• [Records from a dataset]:
==============================

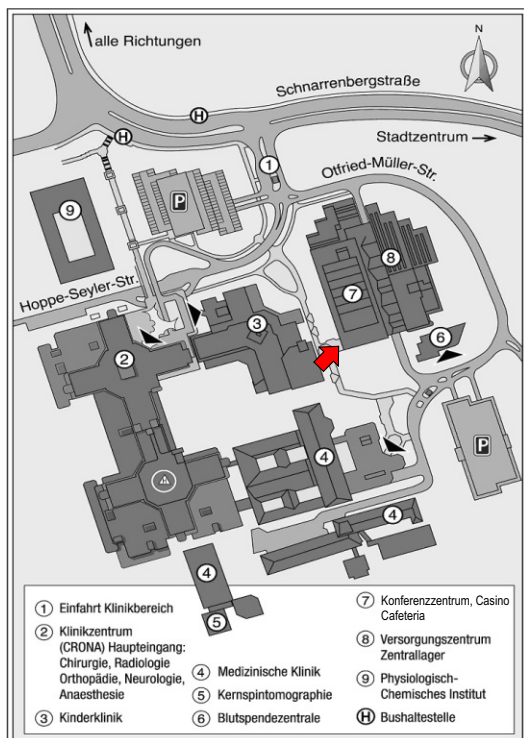

WIE SIE UNS FINDEN • WIE SIE UNS FINDEN • WIE SIE UNS FINDEN

Umgebungsplan

Bei Anfahrt vom Flughafen Stuttgart:

- Flughafen verlassen in Richtung B27 (Stuttgart - Tübingen)
- auf die B27 in Richtung Tübingen (Süden)
- in Tübingen die zweite Ausfahrt „Tübingen Nord, Kliniken, Kunsthalle“ abfahren
- der Beschilderung „Zentrum, Univ.-Kliniken-Innenstadt“ folgen
- nach dem Parkhaus König rechts abbiegen, der Beschilderung „Kliniken Schnarrenberg“ folgen
- nach circa 1,5 km links in den Klinikbereich der Schnarrenbergkliniken links einbiegen (siehe Bild unten)
- gleich rechts ist die Einfahrt in das Parkhaus „CRONA“ und nach weiteren 400 m links das Parkhaus „Medizinische Klinik“

- Ausfahrt in Richtung Tübingen / Reutlingen
- an der Ampel links Richtung Flughafen
- am Flughafen entlang Richtung Stuttgart
weiter wie ab Flughafen

Bei Anfahrt aus Richtung Zürich:

- N4 bis Autobahnkreuz Singen
- A81 Richtung Stuttgart
- Ausfahrt Rottenburg, weiter Richtung Tübingen
- nach circa 4 km zweimal links abbiegen Richtung Wurmlingen / Tübingen / Reutlingen
- in Wurmlingen rechts, der Beschilderung „Tübingen-Süd, Hirschau“ folgend
- an der 1. Ampel nach Hirschau links Richtung Tübingen abbiegen
- nach dem Ortsschild Tübingen auf der Spur „Herrenberg, Nordstadt, Kliniken“ einordnen und an der 3. Ampel links abbiegen, durch den Tunnel
- nach dem Tunnel rechts Richtung „Nordstadt, Kliniken“ abbiegen
- nachdem Sie Tübingen wieder verlassen haben nach ca. 2 km rechts abbiegen Richtung „Nordstadt, Kliniken“ am Ende der Straße wieder rechts abbiegen Richtung „Schnarrenbergkliniken“
- nach circa 1,5 km rechts in den Klinikbereich der Schnarrenbergkliniken einbiegen
- gleich rechts ist die Einfahrt in das Parkhaus „CRONA“ und nach weiteren 400 m links das Parkhaus „Medizinische Klinik“

- mit dem Taxi
- mit der Buslinie 5, Haltestelle Schnarrenbergkliniken

Konferenzzentrum bei den Kliniken

Eingang Kasino / Konferenzbereich Schnarrenberg

==============================

• [Your assignment]:
Only lines belong in the copy, not pictures: write out exactly the lines of the records from the first through the one holding "- A81 Richtung Stuttgart".

• [Expected answer]:
WIE SIE UNS FINDEN • WIE SIE UNS FINDEN • WIE SIE UNS FINDEN

Umgebungsplan

Bei Anfahrt vom Flughafen Stuttgart:

- Flughafen verlassen in Richtung B27 (Stuttgart - Tübingen)
- auf die B27 in Richtung Tübingen (Süden)
- in Tübingen die zweite Ausfahrt „Tübingen Nord, Kliniken, Kunsthalle“ abfahren
- der Beschilderung „Zentrum, Univ.-Kliniken-Innenstadt“ folgen
- nach dem Parkhaus König rechts abbiegen, der Beschilderung „Kliniken Schnarrenberg“ folgen
- nach circa 1,5 km links in den Klinikbereich der Schnarrenbergkliniken links einbiegen (siehe Bild unten)
- gleich rechts ist die Einfahrt in das Parkhaus „CRONA“ und nach weiteren 400 m links das Parkhaus „Medizinische Klinik“

- Ausfahrt in Richtung Tübingen / Reutlingen
- an der Ampel links Richtung Flughafen
- am Flughafen entlang Richtung Stuttgart
weiter wie ab Flughafen

Bei Anfahrt aus Richtung Zürich:

- N4 bis Autobahnkreuz Singen
- A81 Richtung Stuttgart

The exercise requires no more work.